Soldiers suffered from hepatitis, typhoid, cholera, and malaria, but despite it all, they had to write “happy” letters home knowing full well that their outgoing mail was inspected. Some tried to kill themselves.

One of them was a driver and mechanic who occasionally had to search for mines. Dangerous work to be sure. Then there was the demolitions expert. Eventually, five were smuggled to Canada. There was a press conference and the story went, as we now say, viral. They were feted at the House of Commons in Ottawa and soon two of them made a trip to Washington to address a commission and relate their experiences about Afghanistan.

When he was younger the sharpshooter wanted to be a pilot. It didn’t happen. His life, and the lives of his comrades, got sidetracked because of Afghanistan and their being drafted into the Red Army. The last I heard he had a family of his own and was living in suburbia. I go through the notes I kept and read his comments.

“I like it here. It’s a great country but you have to work hard.”

On the other hand, he also said life in Canada was easy. As for returning to Russia, that was out of the question.

“To go back and see the mothers of all my friends who died in Afghanistan? I don’t want to go.”

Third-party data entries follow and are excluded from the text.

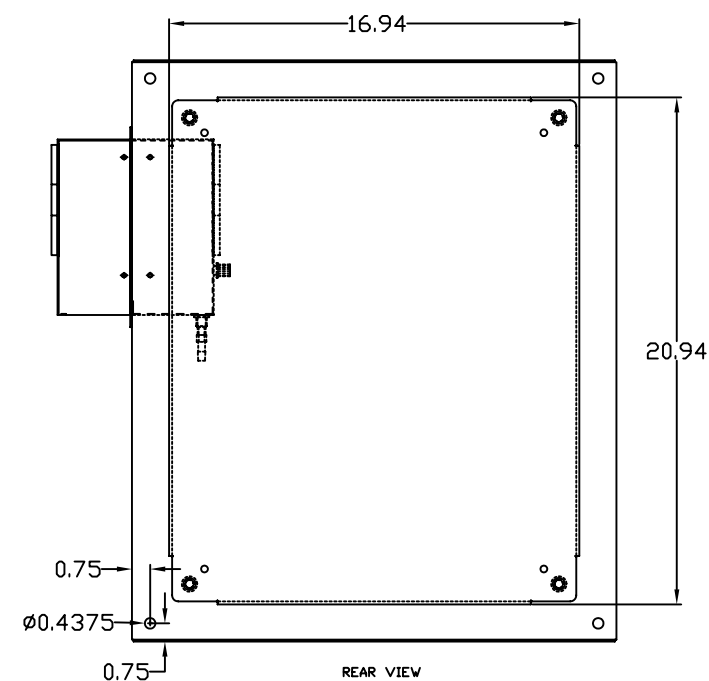

REAR VIEW

EIC SOLUTIONS, INC.
1825 Stout Dr., Warminster, PA 18974
(215) 443-5190 FAX: (215) 443-9564
WWW.EICSOLUTIONSINC.COM

DATE: 07/09/09
SCALE: 1/4"=1"
G242010-120T-RS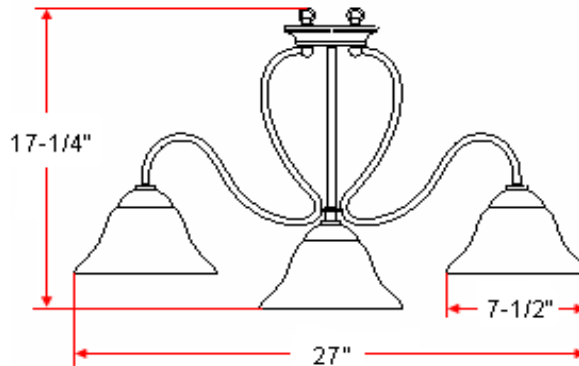

MONTE CARLO Island Light

Specifications

Material Construction:	Formed Steel
Lens:	Rain glass
Lamp Type & Wattage:	Three 60W, medium base incandescent lamps
Mounting:	Ceiling mounted
Finish:	Satin Nickel (US15)
Voltage:	120V
Weight:	7.3 lbs
Companion Fixtures:	Chandeliers, wall/vanity lights, ceiling mounts, pendants & island lights

Dimensions

Warranty & Compliances

Warranty	10 Year Limited Warranty
UL	UL/cUL
ADA	N/A
EnergyStar	N/A

Companion Fixtures

Island Light	512442	
1 LT Wall Mount	512368	
2 LT Wall Mount	511972	
3 LT Vanity Light	512376	
4 LT Vanity Light	512384	
2 LT Semi Flush Mount	511949	
2 LT Ceiling Mount	512848	
3 LT Chandelier	512459	
5 LT Chandelier	511956	
9 LT Chandelier	511964	
Pendant	512392	
Mini Pendant	512467	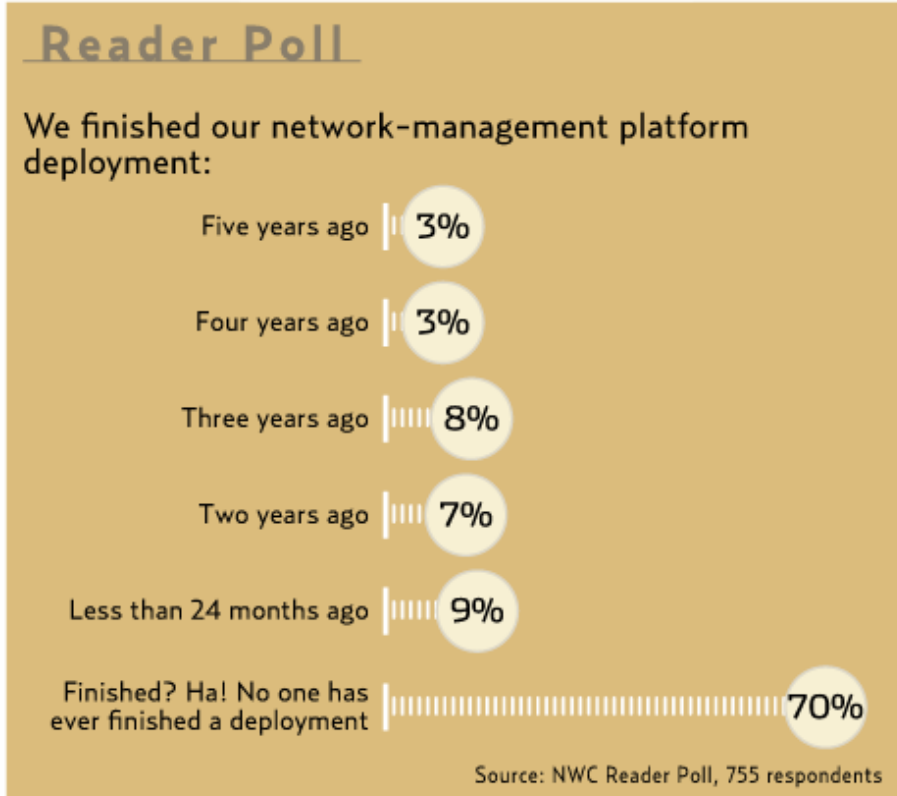

## 2007 Reader Survey Poll Results

**THEY SAID IT:** The truth hurts, but it's good to know others are in the same boat. Network management mega-suites are never fully-deployed, our readers tell us. Look at the bright side: keeps network admins and developers useful and employed.

One of them wound up in Boston while two others got married and divorced. Still, this was many years ago and I don’t know what has happened since. But the war continues in Ukraine and the world holds its breath.

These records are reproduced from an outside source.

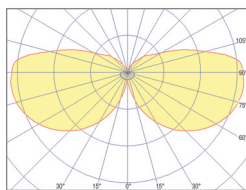

LED CCT/COLOUR OPTIONS

STATIC WHITE

T - 2500K, 2700K, 3000K, 4000K
T2 & 3 - 2500K, 2900K, 3300K, 4200K

TUNABLE WHITE^a

T - 2500K to 4500K
T2 & 3 - 2500K to 4800K

TUNABLE COLOUR^b

RGB LED Colour Mixing

DYNAMIC COLOUR^c

RGB LED Dynamic Pixels

LENGTH (L) OPTIONS

Product	LED Colour	Minimum Length (mm)	Maximum Length (mm)	Length Increments (mm)	Length Options (mm)
T	White	64	4814	50	64, 114, 164, 214, 264, 314, 364, 414, 464, 514, 564, 614, 664, 714, 764, 814, 864, 914, 964, 1014, 1064, 1114, 1164, 1214, 1264, 1314, 1364, 1414, 1464, 1514, 1564, 1614, 1664, 1714, 1764, 1814, 1864, 1914, 1964, 2014, 2064, 2114, 2164, 2214, 2264, 2314, 2364, 2414, 2464, 2514, 2564, 2614, 2664, 2714, 2764, 2814, 2864, 2914, 2964, 3014, 3064, 3114, 3164, 3214, 3264, 3314, 3364, 3414, 3464, 3514, 3564, 3614, 3664, 3714, 3764, 3814, 3864, 3914, 3964, 4014, 4064, 4114, 4164, 4214, 4264, 4314, 4364, 4414, 4464, 4514, 4564, 4614, 4664, 4714, 4764, 4814
T2	Tunable White				
T2L					
T2LR					
T3	RGB	114	4814	100	114, 214, 314, 414, 514, 614, 714, 814, 914, 1014, 1114, 1214, 1314, 1414, 1514, 1614, 1714, 1814, 1914, 2014, 2114, 2214, 2314, 2414, 2514, 2614, 2714, 2814, 2914, 3014, 3114, 3214, 3314, 3414, 3514, 3614, 3714, 3814, 3914, 4014, 4114, 4214, 4314, 4414, 4514, 4614, 4714, 4814
	RGB Dynamic				

BEAMSHAPE

DIFFUSE

T

DIFFUSE

T2

MOUNTING OPTIONS

FLUSH MOUNT CLIP

Stainless Steel

ORDER CODE: 007900

CABLE MANAGEMENT CLIP

Stainless Steel

ORDER CODE: 008981

SURFACE MOUNT CLEAR CLIP

Polycarbonate

ORDER CODE: 020805

FLEXI-CHANNEL GUIDE

Stainless Steel

ORDER CODE: 017228

RIGID CHANNEL

Aluminium

ORDER CODE: 017229

RIGID CHANNEL WITH CABLE MANAGEMENT

Aluminium

ORDER CODE: 017230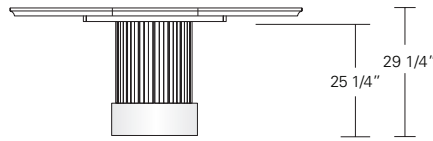

**Solstice Round Table**

42"W x 42"D x 29"H  
 48"W x 48"D x 29"H  
 54"W x 54"D x 29"H  
 60"W x 60"D x 29"H  
 66"W x 66"D x 29"H  
 72"W x 72"D x 29"H

**Round Extension Table (w/self-storing leaf)**

48"W (68"w/one 20"leaf) x 48"D x 29"H  
 54"W (74"w/one 20"leaf) x 54"D x 29"H  
 60"W (84"w/one 24"leaf) x 60"D x 29"H  
 66"W (90"w/one 24"leaf) x 66"D x 29"H  
 72"W (96"w/one 24"leaf) x 72"D x 29"H

**Split Base Round Extension Table**

48"W (96"w/two 24"leaves) x 48"D x 29"H  
 54"W (102"w/two 24"leaves) x 54"D x 29"H  
 60"W (108"w/two 24"leaves) x 60"D x 29"H  
 66"W (114"w/two 24"leaves) x 66"D x 29"H  
 72"W (120"w/two 24"leaves) x 72"D x 29"H

I know a few Russians and Russian speakers from my work, all of them professional people. One of them, an accountant, told me how World War II is taught there with no mention of Normandy, D-Day, or the Western Allies. Everything starts in 1941 when Nazi Germany invaded Russia and we can all thank the Red Army and the Red Army alone for Hitler’s defeat. I was also talking to a lawyer shortly after Russia invaded Ukraine and asked about it.

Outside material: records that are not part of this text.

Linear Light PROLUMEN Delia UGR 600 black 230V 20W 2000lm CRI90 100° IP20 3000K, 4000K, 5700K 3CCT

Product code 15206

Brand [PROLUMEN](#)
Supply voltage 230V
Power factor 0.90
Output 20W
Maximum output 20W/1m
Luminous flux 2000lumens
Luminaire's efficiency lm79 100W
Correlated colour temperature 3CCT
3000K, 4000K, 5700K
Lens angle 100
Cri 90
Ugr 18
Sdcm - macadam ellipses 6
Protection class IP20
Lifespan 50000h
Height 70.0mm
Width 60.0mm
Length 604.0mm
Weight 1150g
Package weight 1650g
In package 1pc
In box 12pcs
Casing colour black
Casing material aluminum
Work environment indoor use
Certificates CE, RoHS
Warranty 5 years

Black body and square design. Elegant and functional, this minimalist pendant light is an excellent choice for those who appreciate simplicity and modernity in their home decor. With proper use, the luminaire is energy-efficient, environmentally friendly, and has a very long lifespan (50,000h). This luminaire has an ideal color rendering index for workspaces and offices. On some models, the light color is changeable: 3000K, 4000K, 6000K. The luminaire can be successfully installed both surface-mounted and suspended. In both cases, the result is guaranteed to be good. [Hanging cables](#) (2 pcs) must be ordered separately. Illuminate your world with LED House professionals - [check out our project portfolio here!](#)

“It would be like Washington bombing Toronto,” the lawyer said.

I have a friend, not Russian, who leans quite far to the Right. When we talked he said he didn’t like Putin but that he has a point about NATO encroaching on Russia. And so there is a very big security concern on the part of the Kremlin, which he apparently understands.

But I don’t share that view. You can call it Russia or the Soviet Union, it’s the same mentality that invaded Hungary in 1956, Czechoslovakia in 1968, Crimea albeit Ukraine in 2014, and all of Ukraine this year. And that’s only a partial list. Why the invasions? Pure and simple it’s the fear of liberal democracy, on the part of a criminal organization masquerading as a government, in a country that has never known it.

Yes, I realize we have problems of our own. Just read some of my earlier pieces for The Hub. But I don’t see how a rational mind can have any defence for Putin who advocates the absolute worst form of tribalism.

Ultra-nationalism.

In history, we have seen it before and it never turns out well. Which is why Putin is Yesterday’s Man and the sooner he is gone the better.